In light of the sources, it is clear that many interactions must have already occurred between the Hungarian military men of the training area and the Hungarian Jewish prisoners of the Bergen-Belsen concentration camp by the time the British forces liberated Belsen. Their attitudes were mostly (but not always) negative towards each other according to the cited sources, however, it should be pointed out that physical atrocities, or violence against the prisoners were not committed until the concentration camp’s military takeover by the British.

4 Hungarian Guards at Bergen-Belsen: Atrocities and a Failed Investigation

Despite the relatively large amount of Jewish personal accounts and ego documents about the Hungarian forces in the historical literature, we can only read scattered, and brief mentions of Hungarian soldiers taking part in the atrocities and murders of prisoners while guarding the concentration camp between April 13 and 17, 1945, – i.e., while they were on guard duty (Celinscak 2015, 68–71; Cramer 2011, 79–84) – but a photographic record confirms beyond doubt that prisoners were shot from the watchtowers (Bardgett 2006, 148). In what follows, I will outline the main survivor and military narratives based on the very vague sources that have prevailed, and then attempt to assess the events with the help of the equally incomplete military interrogation documents.

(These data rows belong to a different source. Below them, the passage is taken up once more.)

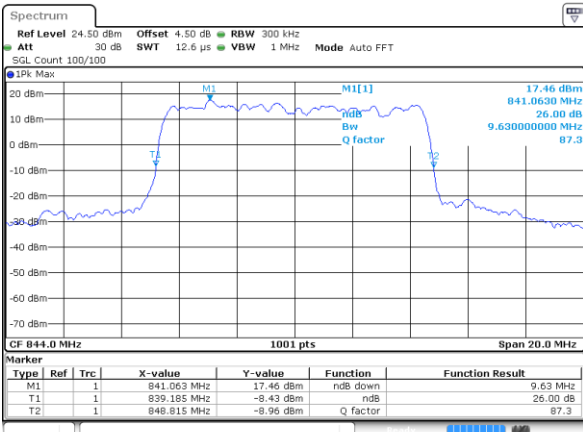

LTE Band 5

Lowest Channel / 10MHz / QPSK

Date: 7 JUN 2017 23:20:41

Lowest Channel / 10MHz / 16QAM

Date: 7 JUN 2017 23:20:51

Middle Channel / 10MHz / QPSK

Date: 7 JUN 2017 23:29:45

Middle Channel / 10MHz / 16QAM

Date: 7 JUN 2017 23:29:55

Highest Channel / 10MHz / QPSK

Date: 7 JUN 2017 23:32:17

Highest Channel / 10MHz / 16QAM

Date: 7 JUN 2017 23:32:27

LTE Band 7

Lowest Channel / 5MHz / QPSK

Date: 7 JUN 2017 14:41:49
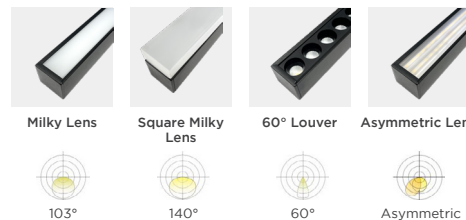

OPTIC OPTIONS

Sleek aircraft cable power supply
(standard length 78 in./2 m)

1 in. (25 mm) wide by 4 in. (100 mm) high
* 2 ft. (613 mm), 4 ft. (1213 mm), 5 ft. (1513 mm),
6 ft. (1813 mm)*, 8 ft. (2413 mm)

PERCEPTION PLUS PENDANTS

- Direct or direct/indirect pendants
- Complementary direct/indirect sconces
- 60° louver or Milky lens (both direct, milky indirect)
- Batwing optic available for indirect lighting
- 6 CCTs: 2700K, 3000K, 3500K, 4000K, 5000K, 6500K
- Direct lighting up to 560 lm/ft (1836 lm/m)
- Indirect lighting up to 483 lm/ft (1583 lm/m)

The violent behavior of some military servicemen as guards can obviously be seen in the light of the anti-Semitic (political) socialization of the soldiers, while this arguably could not be the only factor behind their aggression. Perpetrator violence is still a rare topic in the academic discourse on concentration camps, furthermore, it primarily focuses on the crimes (brutality, physical or non-physical violence or cruelty) committed by the SS and never the Hungarian guards. “[P]hysical violence in the concentration camps is neither evident nor self-explanatory but rather the result of a complex interplay between ideology, institutional setting and social dynamics,” writes Mailänder Koslov (2010, 36). According to Karin Orth, the guard personnel were not a homogeneous or static group in the concentration camps. Adapting Orth’s conclusion into the Hungarian personnel at Bergen-Belsen, a shared functional socialization defined them based on strong comradery, and masculine attitudes as well (Dillon 2013, 376; Orth 2010, 48, 51). In Dan Stone’s term, the Hungarian guards could easily be “typical perpetrators”, because many of them were imbued with radical ideas, and as soldiers, ready to act (Stone 2021, 94–95). There was a high degree of mutual social control in the camps, however, direct physical violence and brutality have always been present (Buggeln 2014, 6). It is fathomable that the Hungarian soldiers were informed about the extraordinary brutality of the SS in Belsen under Kramer’s reign, which is why they could have been adapted to the cruel atmosphere.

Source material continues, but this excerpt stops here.